If you are starting to get worried that you will meet the substantial presence test and be obligated to pay tax in the US, there is some good news. There are two exceptions, the closer connection exception and the treaty exception, which may help you avoid being deemed a resident, even if you are in the US for more than 182 days.

Closer Connection Exception

If you demonstrate a closer connection to Canada than the United States and stayed less than 183 days in the United States in the current year, than you may not be deemed a US resident.

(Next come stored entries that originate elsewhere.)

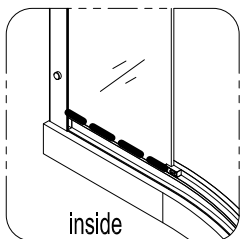

Care Instructions:

Do not use your shower enclosure within 24 hours of assembly. Do not use caustic cleaning products or abrasive material when cleaning your shower enclosure .
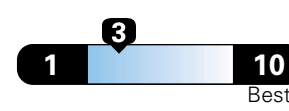

Smog Rating (tailpipe only)

This vehicle emits 533 grams CO2 per mile. The best emits 0 grams per mile (tailpipe only). Producing and distributing fuel also creates emissions; learn more at fuelconomy.gov.

Actual results will vary for many reasons, including driving conditions and how you drive and maintain your vehicle. The average new vehicle gets 27 MPG and cost $7,000 to fuel over 5 years. Cost estimates are based on 15,000 miles per year at $2.80 per gallon. MPGe is miles per gasoline gallon equivalent. Vehicle emissions are a significant cause of climate change and smog.

fuelconomy.gov

Calculate personalized estimates and compare vehicles

Smartphone
QR Code™

The following are some of the factors which are considered when determining whether a closer connection to Canada exists. You;

  • are a tax resident of Canada
  • have Social and economic ties to Canada
  • have access to Canadian Healthcare coverage (i.e. OHIP)
  • have a permanent residence in Canada
  • have family in Canada
  • own business(es) in Canada or your main place of employment is in Canada
  • have banking relationships in Canada

If you believe that you meet the closer connection exception, you must file a US Tax Form 8840 by June 15 of the year following each year that you meet the substantial presence test.

The Treaty Exception

Another instance in which Canadians are not deemed US residents, even if they meet the substantial presence test, is the treaty exception.

The United States and Canada hold a tax treaty which includes a tie-breaker provision. Similar to the closer connection exception, the treaty exception looks at your connection to Canada.

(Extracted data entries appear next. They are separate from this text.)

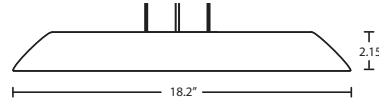

Sophi 18:

FIXTURE	DECOR	LAMP OPTIONS	FINISH
1KV 1 Lt. Flat	SOPHI18CM 18.2" Dia. Cobalt Matte	LED 24W LED 120V, 2500 lumens	BK Black BR Bronze SN Satin Nickel

Ex. 1KV-SOPHI18CM-LED-SN

Sophi 18 LED Suspension, Cobalt Matte Shade, Satin Nickel Finish

Project Information:

For ordering information, see next page

All dimensions provided are nominal. Allowance must be made for dimensional tolerance in handcrafted glasses.

Unlike the closer connection exception, however, the treaty exception requires greater, more detailed disclosure explaining why you should be deemed a resident of Canada.

To claim this exception, you must fill out Form 1040NR and Form 8833 by June 15.

It is important to note that even if, for tax purposes, this exception deems you a Canadian Resident, you may still be required to make disclosures to the IRS.

For more information on tax implications related to deemed US residency and the substantial presence test, contact us today.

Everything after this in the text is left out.